The results revealed that long-term IGF-I deficiency in LS patients led to abnormal changes in the plasma amino acids metabolism, such as low levels of plasma citrulline, sarcosine and taurine that increased upon IGF-I replacement. The plasma amino acid levels of the heterozygous family members resembled those of the untreated LS patients, whereas the pattern in the 2 double heterozygote sisters previously treated with IGF-I resembled that of the presently IGF-I-treated patients. In addition, plasma ɑ-amino adipic acid levels were elevated in both untreated and IGF-I-treated patients.

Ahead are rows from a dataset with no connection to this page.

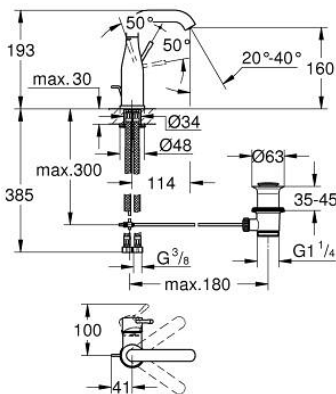

23 462 243 1 **ESSENCE SINGLE-LEVER BASIN MIXER 1/2"**
M-SIZE

PRODUCT DESCRIPTION

- Colour: matte black
- GROHE SilkMove 28 mm ceramic cartridge
- with temperature limiter
- GROHE EcoJoy mousseur 5.7 l/min
- GROHE AquaGuide adjustable mousseur
- GROHE FastFixation Plus installation system
- swivel spout with mousseur and stop limiter
- pop-up waste set 1 1/4"
- flexible connection hoses

23 462 243 1 **ESSENCE SINGLE-LEVER BASIN MIXER 1/2"**
M-SIZE

SPARE PARTS, May 2024 – now

- 1: Lever (Spare part-nr. 469192430)
 - 2: Cartridge (Spare part-nr. 46580000)
 - 3: screw ring (Spare part-nr. 48591000)
 - 4: Swivel tube spout (Spare part-nr. 133732430)
 - 4.1: Mousseur (Spare part-nr. 48270000)
 - 4.2: Sealing washer (Spare part-nr. 0128500M)
 - 4.3: Safety ring (Spare part-nr. 4826600M)
 - 5: lift rod (Spare part-nr. 467392430)
 - 6: Escutcheon (Spare part-nr. 486032430)
 - 7: Shank mounting kit (Spare part-nr. 46645000)
 - 8: Waste set 1 1/4" (Spare part-nr. 289102430)
 - 8.1: Plug (Spare part-nr. 071822430)
 - 8.2: Eccentric rod (Spare part-nr. 07052000)
 - 9: Connection hose (Spare part-nr. 46255000)
 - 10: Mounting wrench (Spare part-nr. 19017000)*
 - 11: Eccentric rod (Spare part-nr. 07341000)*
- * Optional accessories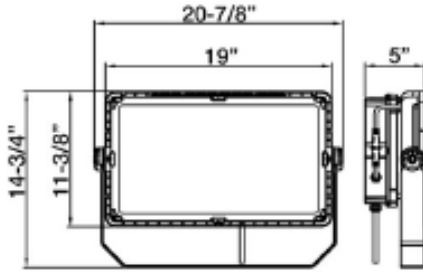

77113 - HOT SHOT SQUARED SPORTS LIGHT

200-480V 5000K 400W

Optional configurations, bracket sold separately

FEATURES:

- Modular Sports Light
- Light Distribution: 15°
- Operation Temperature: -40°F - 113°F
- 50,000+ Hour LED Life Expectancy
- Housing Color: Black
- 5' Whip
- Direct Replacement for Metal Halide
- 10KV Surge Suppression
- IP65 Waterproof Rating
- Listings: cULus
- DLC PRODUCT ID#: S-2MK1IV
- 5 Year Warranty

Part#	Wattage	Voltage	Lumens	CCT	CRI	Dimming	Light Pattern	Lumens/Watt	DLC PRODUCT ID#:
77113	400W	200-480V	53,559	5000K	>70	0-10V	15°	134 lm/w	S-2MK1IV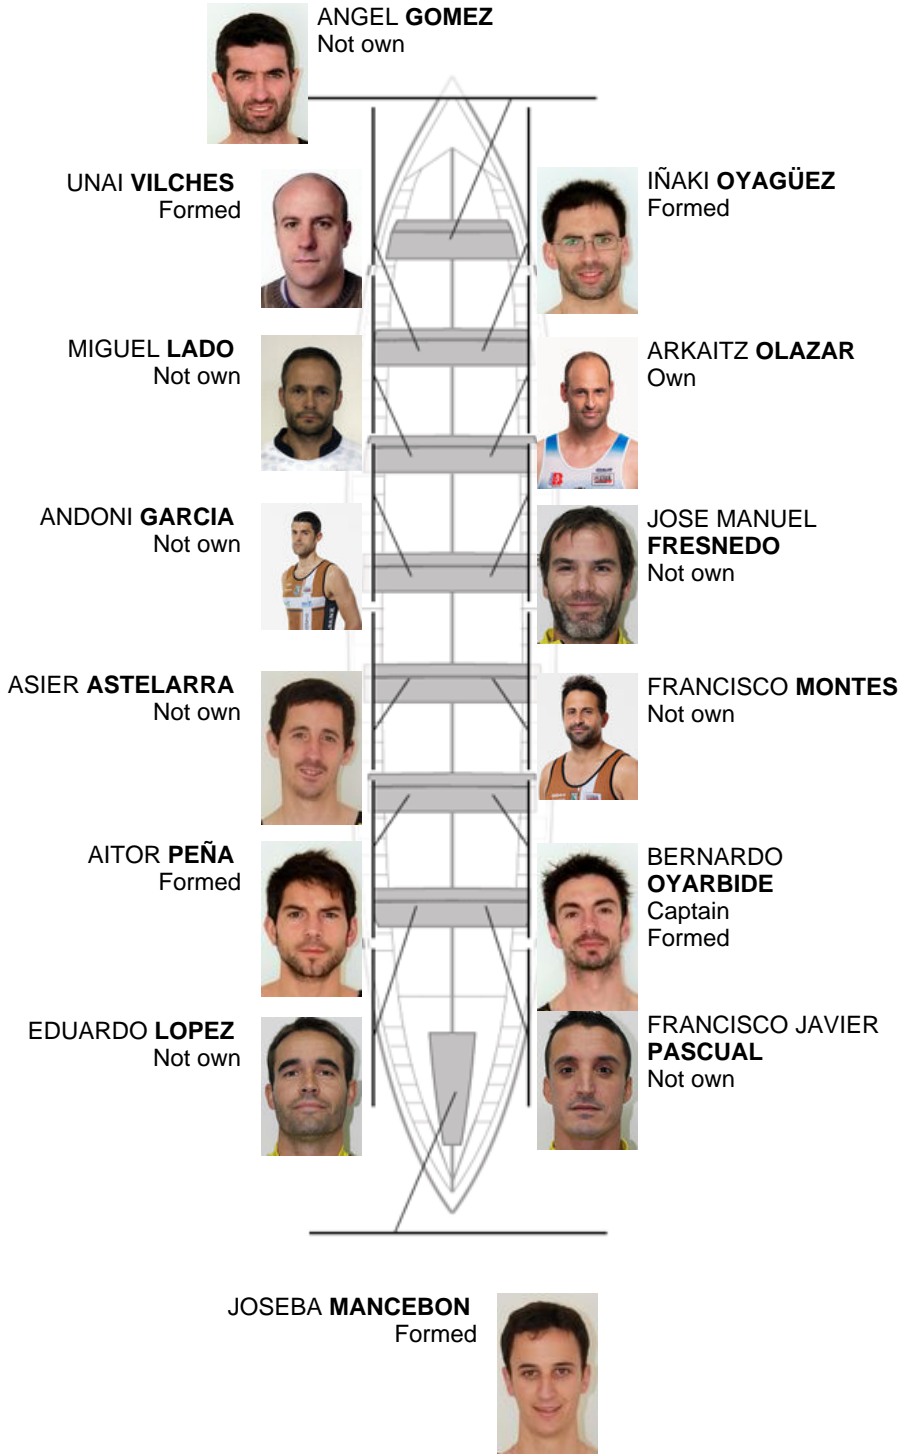

	Club	Time	Dif.	%	Points
2	PORTUGALETE EULEN	40:46,84	00:00.44	100.03%	5

Coach
ÁNGEL GÓMEZ

Delegate
KARLOS BELASKO

Firma y sello

Subtitutes

Ripper
**CARRETERO
SIBARREN**
Riotmed

Formed:5
Own: 1
Not own: 8

In summary our data revealed that LS patients, a condition associated with congenital IGF-I deficiency, have an abnormal plasma amino acid metabolism that is partially restored by IGF-I treatment.

Laron综合征（LS）（OMIM＃262500）是一种罕见的隐性遗传疾病，由GH受体的缺失或突变引起，该基因的特征是在高血清GH存在的情况下，血清IGF-I低或无法检测的侏儒症。除侏儒症外，IGF-I缺乏症还会导致代谢异常，包括蛋白质生物合成和体内稳态的异常。LS患者唯一可用的治疗方法是（r）IGF-I给药。

本研究旨在确定未经治疗和经IGF-I治疗的LS患者血液中特定氨基酸及其代谢产物的血浆浓度。

该研究共涉及10名LS患者（3名未经治疗和7名接受治疗），2名杂合子母亲和3名年龄较大的受试者。40名健康的男孩和女孩作为对照。

使用LC-MS / MS分析和Waters Acc-Q Tag超衍生试剂盒对氨基酸及其代谢产物进行分析。血清IGF-I水平通过一步式夹心化学发光免疫测定法测量。

结果显示，LS患者的长期IGF-I缺乏症导致血浆氨基酸代谢异常变化，例如血浆瓜氨酸，肌氨酸和牛磺酸水平低，而IGF-I替代则增加。杂合家族成员的血浆氨基酸水平类似于未治疗的LS患者的血浆氨基酸水平，而先前用IGF-I治疗的2个双杂合子姐妹的模式类似于当前IGF-I治疗的患者。另外，未经治疗和经IGF-I治疗的患者血浆α-氨基己二酸水平均升高。

总之，我们的数据显示，与先天性IGF-1缺乏症相关的LS患者的血浆氨基酸代谢异常，通过IGF-1治疗可以部分恢复。